Они кивнули друг другу, тем самым скрепляя сделку, и да Мере отправился к всадникам, слыша, как в ночи продолжают лаять дворовые псы.
Глава пятнадцатая
Слово указывающей
Он счел, что все трое рыцарей нанесли оскорбление его богине, и вышел против них лишь с кинжалами, ничего не прося у нее, но веря, что она защитит своего верного последователя. Когда мечи поднялись и опустились на него, толпа ахнула. А потом она ахнула еще раз, куда громче, когда Мири показала свою любовь к нему. Он ушел с песка один, называющий себя ее скромной служанкой, а трое рыцарей остались лежать на арене.
Забытые легенды Мута— Проклятая глупая баба!
Шарэт, командир дневной смены стражи Верблюжьего рынка, очень хотел еще раз хлопнуть дверью, так хлопнуть, чтобы задрожало небо, а любопытствующие на улице выворачивали шеи, но момент был упущен, он слишком далеко ушел от дома, а его жена, будь он там, и слова бы не дала ему сказать. Снова бы начала орать, что он прется незнамо куда, небось опять по своим продажным девкам.
Доля правды в этом была, как-то раз она застала его с одной смешливой ириастийкой и едва не прикончила, хоть и была не самым крупным существом в Эльвате.
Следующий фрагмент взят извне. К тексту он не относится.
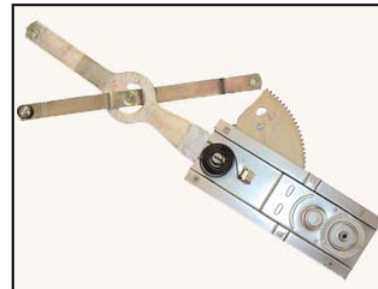

MILITARY BODY PARTS

Reference No.	NEW★STAR NUMBER	Description
7373290	S-E219	WINDOW REGULATOR, RIGHT 2.5 TON TRUCK
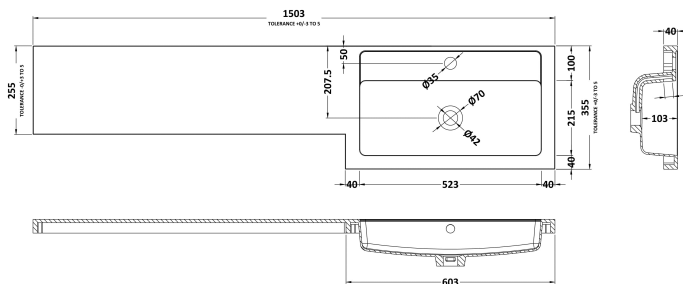

### Product Dimensions

Height (mm):	864
Width (mm):	300
Depth (mm):	255
Nett Weight (kg):	11

Sales Code: OFF691

Description: 1.25M Continuous Plinth (1250X140x18mm)

**Product Dimensions**

Height (mm):	1250
Width (mm):	145
Depth (mm):	18
Nett Weight (kg):	2

**Packaging Dimensions**

Height (mm):	20
Width (mm):	150
Depth (mm):	1260
Gross Weight (kg):	2

**Packaging Data**

Box Colour:	Brown Cardboard Box
Box Qty:	1
Label Size:	100 x 50
Label Colour:	White Label
Label Qty:	2

**Outer Box Dimensions (If Applicable)**

Height (mm):	
Width (mm):	
Depth (mm):	
Gross Weight (kg):	
Barcode:	5055275828403

### Product Dimensions

Height (mm):	135
Width (mm):	1503
Depth (mm):	355
Nett Weight (kg):	21
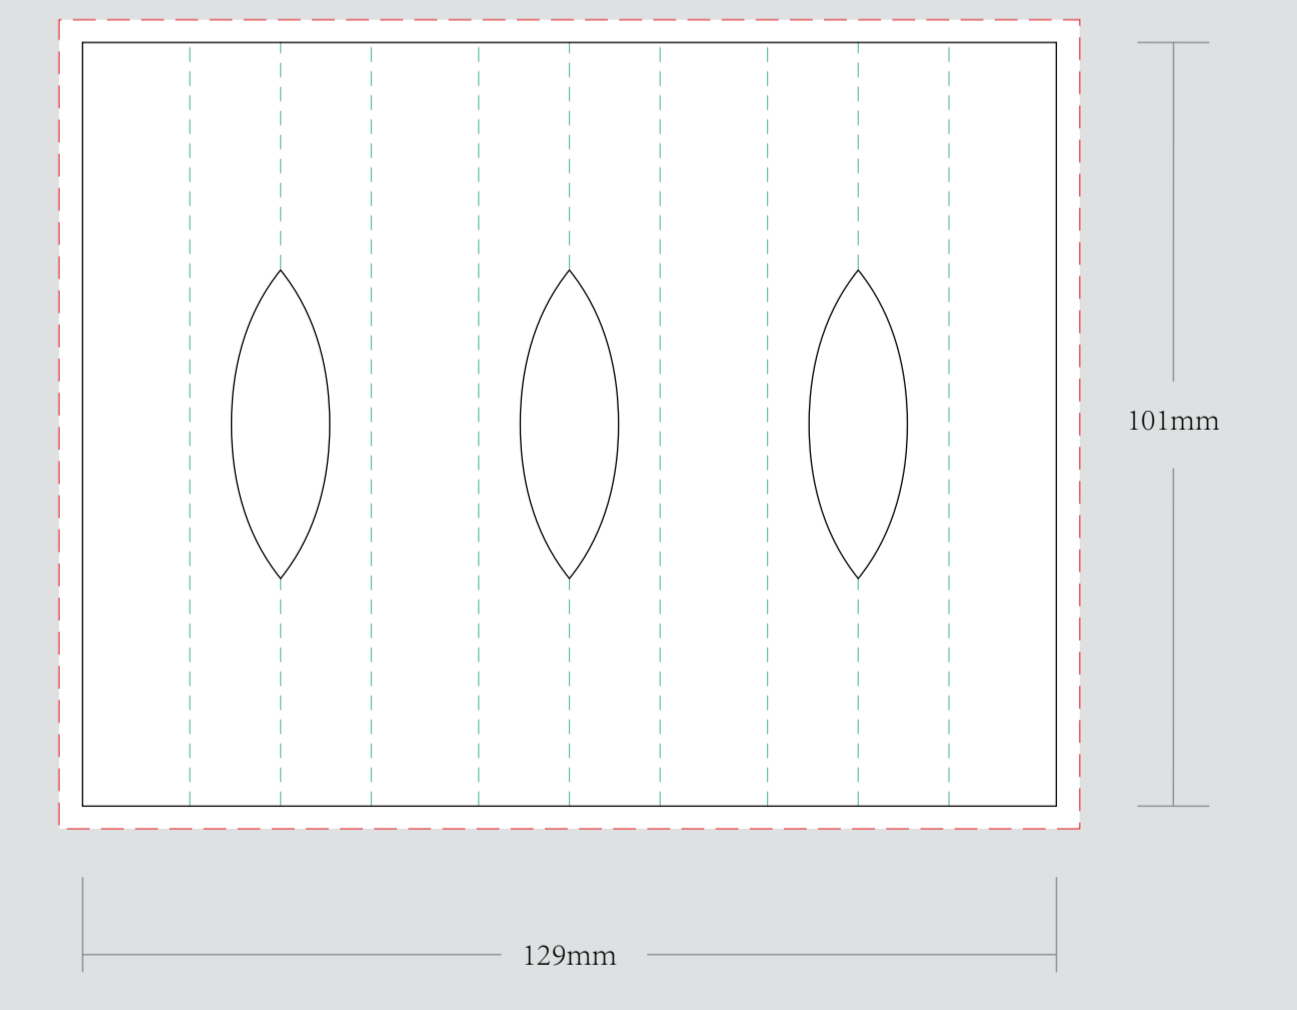

DATE:

PRINT NAME:

APPROVAL SIGNATURE:

OUTER TURNED EDGE BOX

1.5mm 灰板

INNER TURNED EDGE BOX

1.5mm 灰板

EXAMPLE

INNER TRAY OPTION

OUTER PRINTED STOCK

157g双铜纸

INNER PRINTED STOCK

157g双铜纸

PERFORATED LINE TRAY

210g单铜纸
注：内托所有的虚线做穿孔线
内托一定要贴在盒里

PERFORATED OVAL CUT TRAY

210g单铜纸
注：内托所有的虚线做穿孔线
内托一定要贴在盒里

Потом пришлось разбиться в лепешку, чтобы она простила его и «забыла» это очень досадное недоразумение.
Но сейчас у нее не было никаких поводов для ревности и Шарэт не знал, что втемяшилось в голову женщине, сорвавшейся на него точно ирифи, стоило ей только узнать, что он уходит из дома на ночь глядя. И даже слова, что он идет ради их семейного благополучия, не помогли.
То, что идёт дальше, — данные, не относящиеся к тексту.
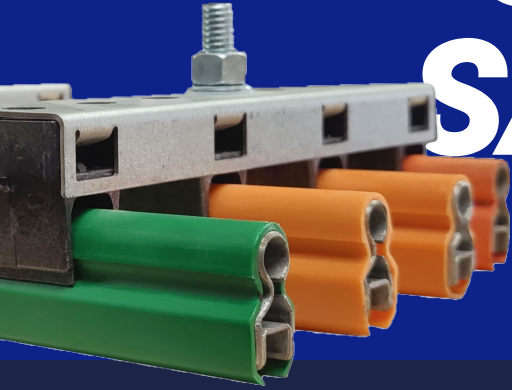

# SERIES C SAF-T-BAR

## [SHOP SERIES C CONDUCTOR BAR](#)

The Series C conductor can be mounted in any plane. Metal guide-ways allow for positive tracking of the collector shoe with or without the plastic insulating cover. Its skin-tight insulation runs cooler and will not deform under clamping pressure.

Compact mounting of the conductor is possible in vertical or horizontal orientations without special parts or fittings!

[BUY NOW](#)

## FEATURES & BENEFITS

- Slide-on joint** for fast, easy installation
- Self lubricating contact shoes** for effective draw of current to collectors
- Pantograph spring suspension for **even pressure to shoe**
- Hand safe design** for protection against accidental contact
- Skin tight insulation** that runs cool and will not deform under clamping pressure
- Metal guide-ways assure **positive tracking of collector shoe.**

В ушах все еще звенели вопли жены, в душе продолжало кипеть возмущение и очень хотелось пнуть какую-нибудь собаку, чтобы хоть как-то выпустить пар, но собак поблизости не наблюдалось, и Шарэт бурчал под нос проклятия.
Он шел открыто, полутемными, плохо освещенными переулками Верблюжьих кварталов, с кошельком на поясе, не боясь, что кто-то решит поживиться за его счет. Здесь все, даже самые мелкие из мошенников, знали командира стражи, и никто не хотел портить ему вечер, а себе устраивать неразрешимые проблемы.
Двое мужчин темными силуэтами сидели возле пересохшего колодца и, завидев одинокого прохожего, поднялись, неспешно направившись к нему.
— Командир, — сказал один из них, невысокий Нэрзи, помощник Шарэта. — Все готово.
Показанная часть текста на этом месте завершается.